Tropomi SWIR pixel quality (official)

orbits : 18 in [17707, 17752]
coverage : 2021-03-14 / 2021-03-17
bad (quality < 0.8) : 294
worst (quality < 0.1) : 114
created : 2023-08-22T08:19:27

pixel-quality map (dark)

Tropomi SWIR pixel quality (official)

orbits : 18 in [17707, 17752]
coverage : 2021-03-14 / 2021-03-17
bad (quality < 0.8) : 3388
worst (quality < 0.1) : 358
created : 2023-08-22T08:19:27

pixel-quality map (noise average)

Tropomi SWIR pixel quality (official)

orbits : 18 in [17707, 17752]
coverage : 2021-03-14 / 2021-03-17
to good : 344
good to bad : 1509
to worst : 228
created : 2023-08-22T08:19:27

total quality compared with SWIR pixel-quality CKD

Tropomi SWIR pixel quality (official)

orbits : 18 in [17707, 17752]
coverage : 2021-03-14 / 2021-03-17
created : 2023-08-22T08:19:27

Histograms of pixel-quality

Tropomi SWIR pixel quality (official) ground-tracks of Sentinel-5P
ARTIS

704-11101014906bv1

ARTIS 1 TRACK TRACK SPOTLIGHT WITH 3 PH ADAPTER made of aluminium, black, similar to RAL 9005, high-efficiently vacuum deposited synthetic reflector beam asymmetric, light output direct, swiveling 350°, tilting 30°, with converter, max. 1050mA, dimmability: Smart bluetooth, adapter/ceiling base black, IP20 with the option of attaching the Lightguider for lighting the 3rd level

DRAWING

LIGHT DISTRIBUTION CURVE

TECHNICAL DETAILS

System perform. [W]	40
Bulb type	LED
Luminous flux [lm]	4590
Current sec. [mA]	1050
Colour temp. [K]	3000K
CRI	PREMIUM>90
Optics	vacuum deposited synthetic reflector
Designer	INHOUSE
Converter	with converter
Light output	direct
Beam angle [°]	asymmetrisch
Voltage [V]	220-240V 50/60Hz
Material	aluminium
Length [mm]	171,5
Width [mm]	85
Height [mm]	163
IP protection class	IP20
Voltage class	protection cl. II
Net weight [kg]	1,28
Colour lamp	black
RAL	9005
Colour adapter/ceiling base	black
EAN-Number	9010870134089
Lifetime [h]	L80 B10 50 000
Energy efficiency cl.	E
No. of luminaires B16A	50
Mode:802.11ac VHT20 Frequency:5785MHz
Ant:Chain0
※
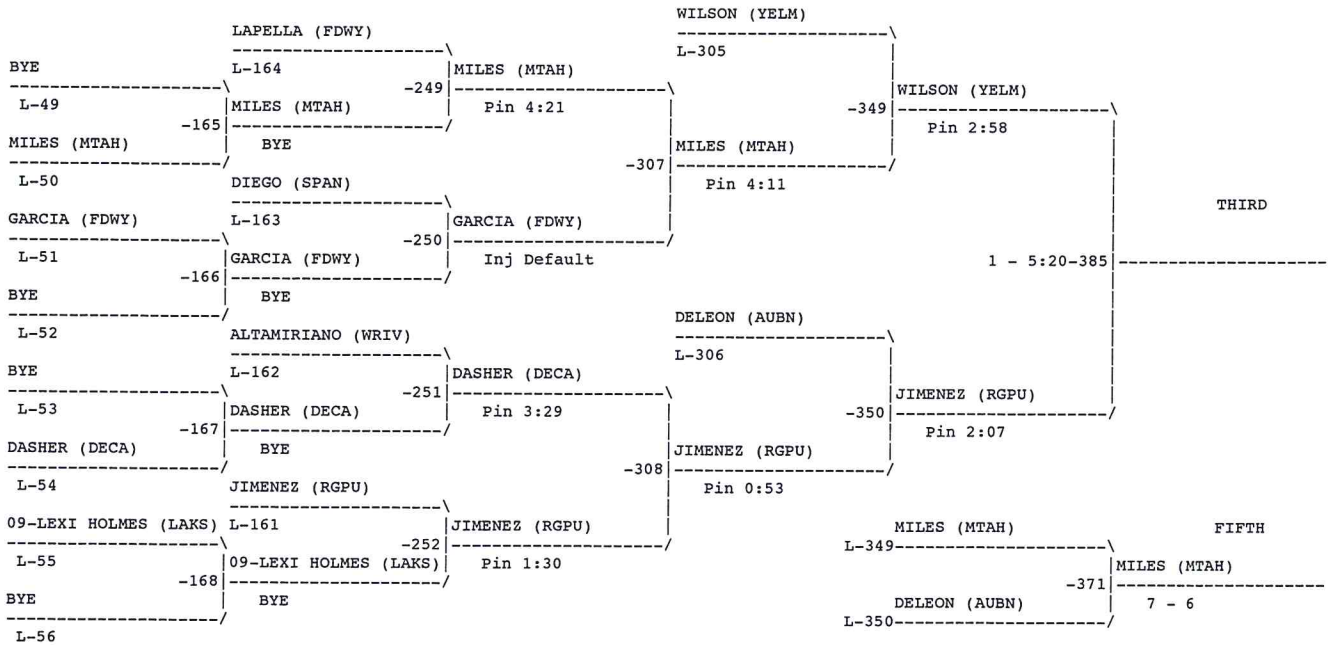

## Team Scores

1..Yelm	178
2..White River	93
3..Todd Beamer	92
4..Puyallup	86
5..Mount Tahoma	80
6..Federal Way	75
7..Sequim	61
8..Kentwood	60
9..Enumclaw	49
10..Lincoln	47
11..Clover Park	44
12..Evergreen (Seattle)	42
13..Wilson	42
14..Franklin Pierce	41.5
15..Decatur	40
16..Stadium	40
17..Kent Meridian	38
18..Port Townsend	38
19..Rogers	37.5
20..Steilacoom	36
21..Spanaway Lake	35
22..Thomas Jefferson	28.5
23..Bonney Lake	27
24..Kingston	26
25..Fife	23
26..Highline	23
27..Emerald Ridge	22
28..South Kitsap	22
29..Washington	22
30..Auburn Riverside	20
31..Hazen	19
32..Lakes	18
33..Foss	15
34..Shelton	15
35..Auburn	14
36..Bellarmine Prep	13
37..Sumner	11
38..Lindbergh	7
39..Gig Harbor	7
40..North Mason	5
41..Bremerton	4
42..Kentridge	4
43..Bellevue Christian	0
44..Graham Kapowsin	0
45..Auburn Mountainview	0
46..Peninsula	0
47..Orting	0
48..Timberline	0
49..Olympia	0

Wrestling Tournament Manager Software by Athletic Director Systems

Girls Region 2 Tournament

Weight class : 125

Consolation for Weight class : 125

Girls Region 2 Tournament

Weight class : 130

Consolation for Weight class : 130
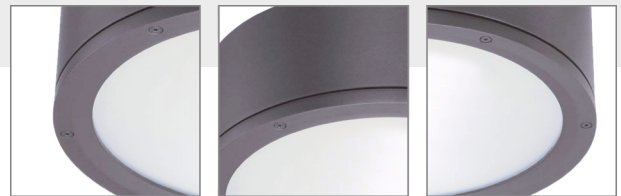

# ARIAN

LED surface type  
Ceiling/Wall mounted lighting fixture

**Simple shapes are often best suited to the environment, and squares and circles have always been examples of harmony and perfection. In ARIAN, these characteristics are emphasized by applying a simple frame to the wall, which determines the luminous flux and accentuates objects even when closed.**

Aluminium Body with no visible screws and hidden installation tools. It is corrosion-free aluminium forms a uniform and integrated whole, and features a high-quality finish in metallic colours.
※
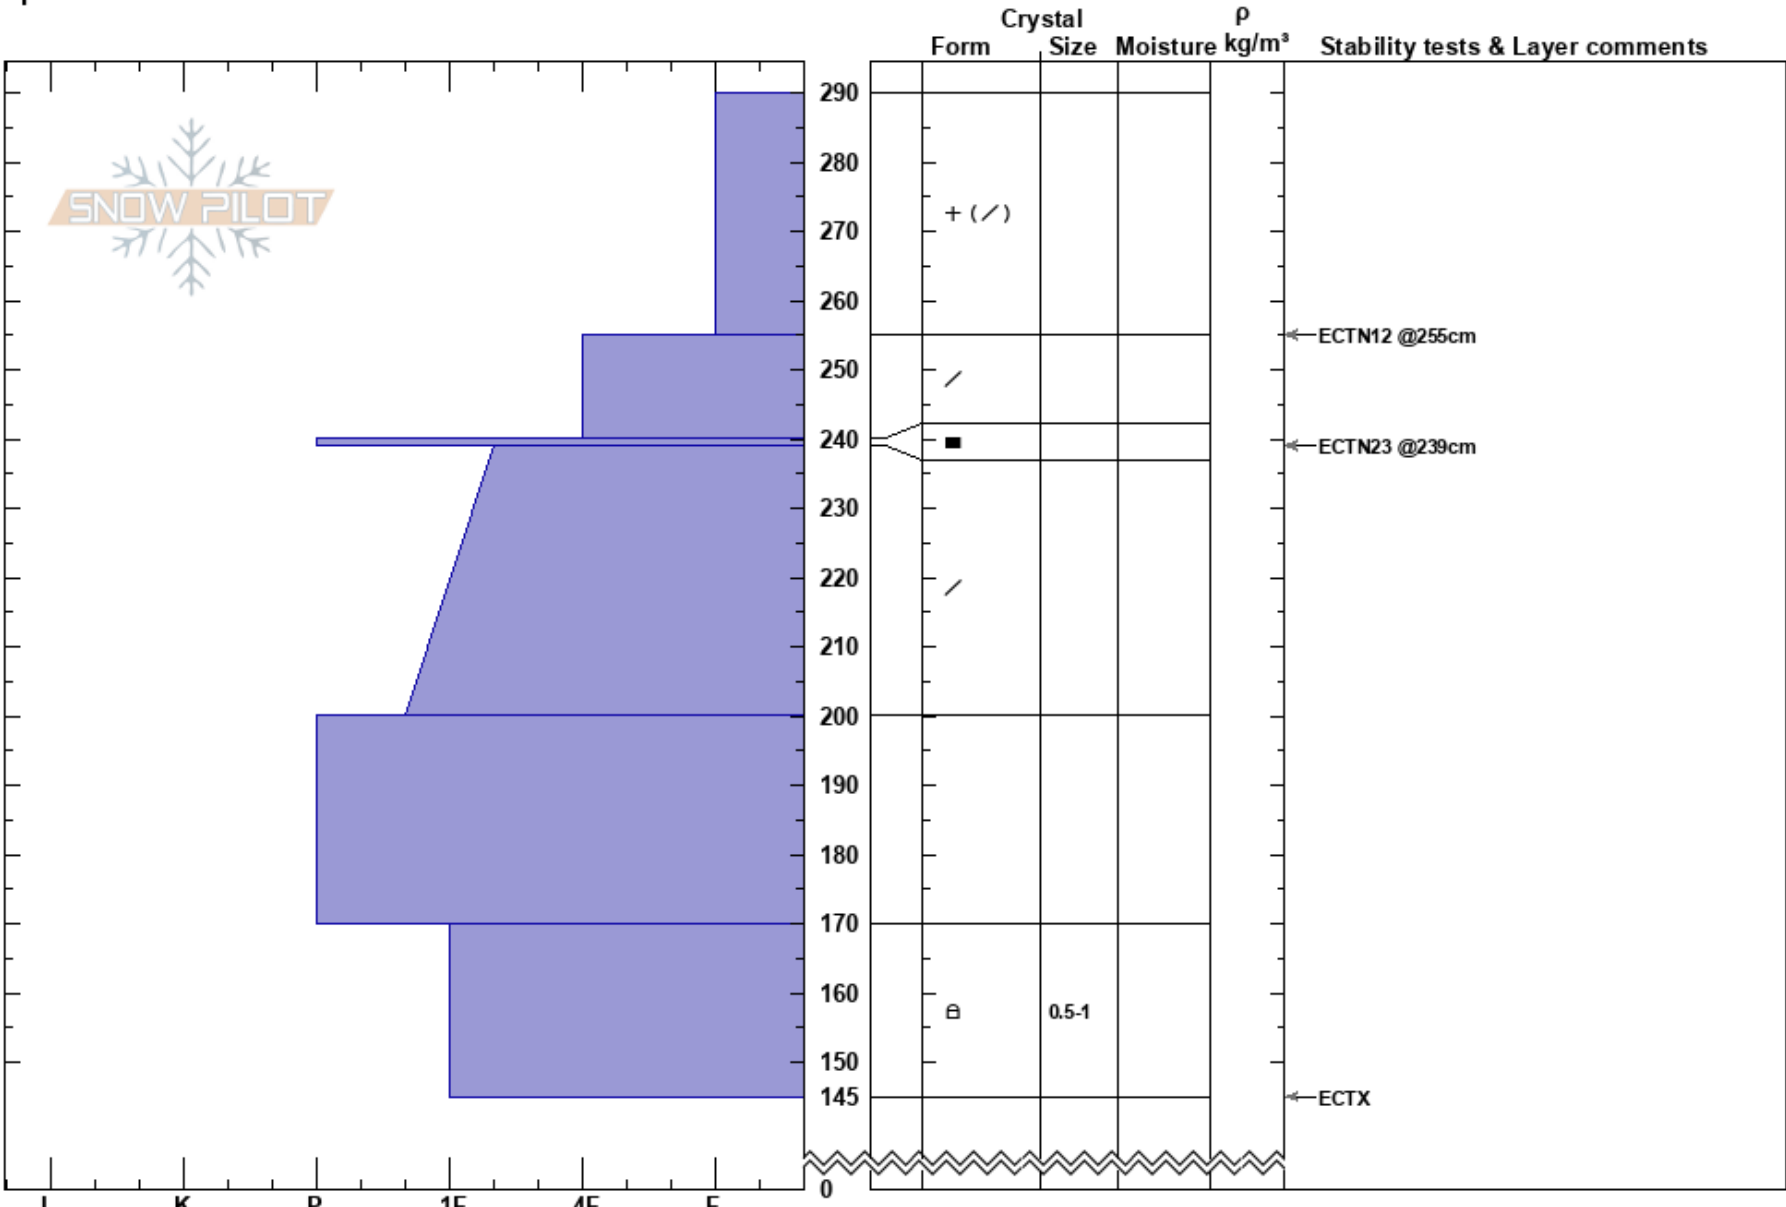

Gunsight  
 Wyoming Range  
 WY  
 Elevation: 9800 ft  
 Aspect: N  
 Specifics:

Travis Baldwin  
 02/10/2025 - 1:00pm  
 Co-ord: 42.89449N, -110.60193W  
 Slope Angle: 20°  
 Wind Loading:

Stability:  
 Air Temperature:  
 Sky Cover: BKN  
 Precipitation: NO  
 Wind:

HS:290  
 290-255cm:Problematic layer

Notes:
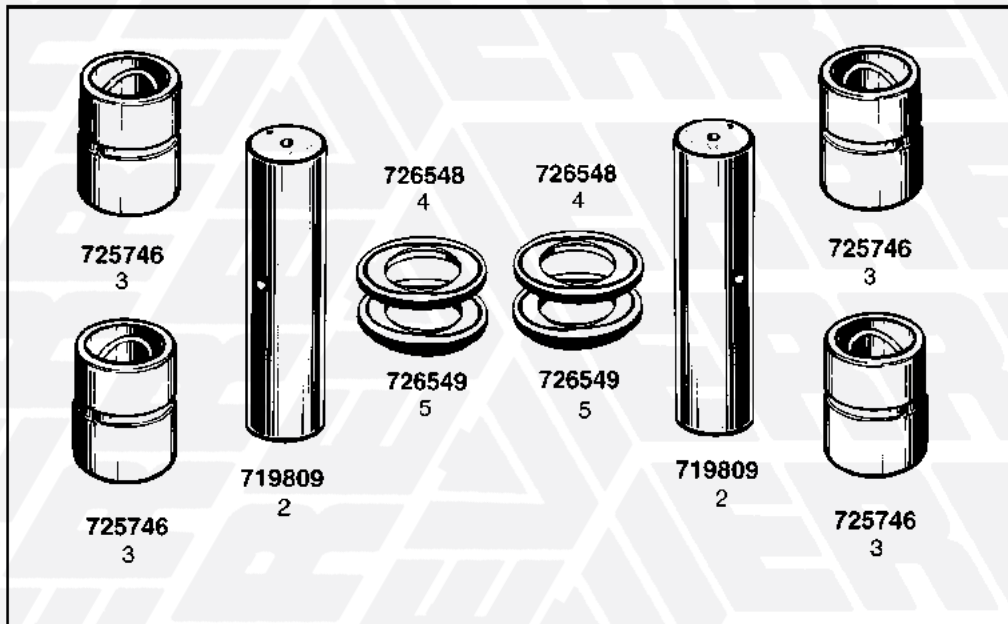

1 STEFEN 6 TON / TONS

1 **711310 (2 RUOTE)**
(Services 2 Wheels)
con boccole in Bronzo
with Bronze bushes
※
The reply should hold exactly the lines above, starting at the line with "Elevation: 9800 ft" and ending at the line with "with Bronze bushes", and no pictures.

 Elevation: 9800 ft  
 Aspect: N  
 Specifics:

Travis Baldwin  
 02/10/2025 - 1:00pm  
 Co-ord: 42.89449N, -110.60193W  
 Slope Angle: 20°  
 Wind Loading:

Stability:  
 Air Temperature:  
 Sky Cover: BKN  
 Precipitation: NO  
 Wind:

HS:290  
 290-255cm:Problematic layer

Notes:

1 STEFEN 6 TON / TONS

1 **711310 (2 RUOTE)**
(Services 2 Wheels)
con boccole in Bronzo
with Bronze bushes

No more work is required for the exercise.